第四十八章(第2/2页)
说到底,江明竹睿智通达,只是大楚权政纷乱,让这鸿鹄折了志。
一旦揭露,慕文锦跌落神坛,有多少人捧她就有多少人踩她。
“你说的这些我自然都知晓,眼下这些事情只能拖后,我怀疑沈岩松正在蓄谋政变之事,倘若他失败了,我母亲也逃不了干系,我们沈家满门都要抄斩。”
“沈岩松就是个疯子。”江明竹皱眉沉声。
“子车也,此人你可有听说过?”
“祖父说此人清心寡欲,才学甚渊。不过太清高孤傲,不好掌控。”
“他的祖籍在南疆,只是从前朝开始,他们子车氏北迁做生意,来了东楚。我并不认为我爹有这个本事能笼络他,我怀疑他接近我爹另有所图。
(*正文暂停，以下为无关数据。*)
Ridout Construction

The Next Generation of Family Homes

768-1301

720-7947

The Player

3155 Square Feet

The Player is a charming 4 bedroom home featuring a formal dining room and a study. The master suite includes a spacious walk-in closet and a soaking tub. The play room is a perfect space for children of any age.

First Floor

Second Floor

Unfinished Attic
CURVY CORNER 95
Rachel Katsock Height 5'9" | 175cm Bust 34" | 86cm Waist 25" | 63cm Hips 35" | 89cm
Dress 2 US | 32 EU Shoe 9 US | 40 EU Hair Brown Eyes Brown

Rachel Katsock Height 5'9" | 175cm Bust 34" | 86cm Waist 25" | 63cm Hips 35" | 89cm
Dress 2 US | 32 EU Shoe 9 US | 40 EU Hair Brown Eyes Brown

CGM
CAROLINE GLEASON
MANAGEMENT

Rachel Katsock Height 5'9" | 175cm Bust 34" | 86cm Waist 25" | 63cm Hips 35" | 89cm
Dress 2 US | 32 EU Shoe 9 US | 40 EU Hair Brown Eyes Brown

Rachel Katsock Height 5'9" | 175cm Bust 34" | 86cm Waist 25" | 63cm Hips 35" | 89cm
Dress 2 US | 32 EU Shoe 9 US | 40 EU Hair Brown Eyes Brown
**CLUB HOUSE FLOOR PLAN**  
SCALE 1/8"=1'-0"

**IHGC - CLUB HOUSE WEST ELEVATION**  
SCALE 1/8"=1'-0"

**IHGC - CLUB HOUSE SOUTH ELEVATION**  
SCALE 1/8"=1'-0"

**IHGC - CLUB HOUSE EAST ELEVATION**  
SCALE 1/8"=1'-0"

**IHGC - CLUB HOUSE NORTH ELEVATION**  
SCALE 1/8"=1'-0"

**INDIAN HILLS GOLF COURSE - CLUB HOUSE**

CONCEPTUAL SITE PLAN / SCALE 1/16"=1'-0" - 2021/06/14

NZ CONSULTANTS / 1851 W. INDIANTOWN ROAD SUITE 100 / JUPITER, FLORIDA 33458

”
沈岩松手段阴狠,上位以来,得罪的人不计其数。
沈念君不愿当别人砧板上的鱼肉,所以到了必要时刻,子车也绝对不能活着。
不管他下的是怎样一盘棋,是忠是奸。
江明竹听出了沈念君的杀意,也看到她那双星眸里的血性。
他的眼睛和沈念君的不一样,他可能空落,可能悲凉,却永远带着那份清澈善意。
后来的沈念君,弑杀成性,一旦有了疑虑,那个人绝对活不过第二天。
他走那日,滂沱大雨,九曲府牌匾高挂。
少见的,沈念君一身红裳骑马送行。
十里长亭,她欣然长立,望着屋檐下滴落的雨,面目如此清晰,“阿竹,我也终成了流离失所的游魂。”
那一日,她送了一只鸳鸯玉佩当做曲虞香升仕的贺礼,寓意深长。
他离开了京都,后来也有书信来往,但终究没有那么关注了。
“这件事不宜冲动,你最好不要和沈岩松作对,子车也被他收入麾下,还派来临安知府查案,说明对他寄予厚望,倘若他们的事成了,子车也难保不会是第二个沈岩松。”
沈念君笑,他还不够了解沈岩松,到那时,沈岩松第一个杀的就是子车也。
他也会有心腹,但那都是碌碌无为的平庸之辈。只要能听沈岩松的话,老老实实办事,那便不会危险。
而那些真正有才华有抱负的,只是沈岩松的棋子。智者不可控,沈岩松表面重用,实则防他们跟防贼似的。他城府极深,又懂得伪装,沈念君也时常看不懂他在做些什么。
几人步子轻伐,已然到了别宫门口,天色晚些,江明竹住的府邸又在城西,回去多有不便,便以友人身份,随着慕卷耳住进了沧居阁。
惠太妃和慕文锦早已睡下,沈念君被青柠叨叨了一会儿,洗漱睡下。
离回京还有三日,届时惠太妃和慕岚蹊也要一同回去,待参加完沈念君的婚礼,再给慕岚蹊指个好人家,惠太妃想,自己这一辈子也没什么可遗憾的了。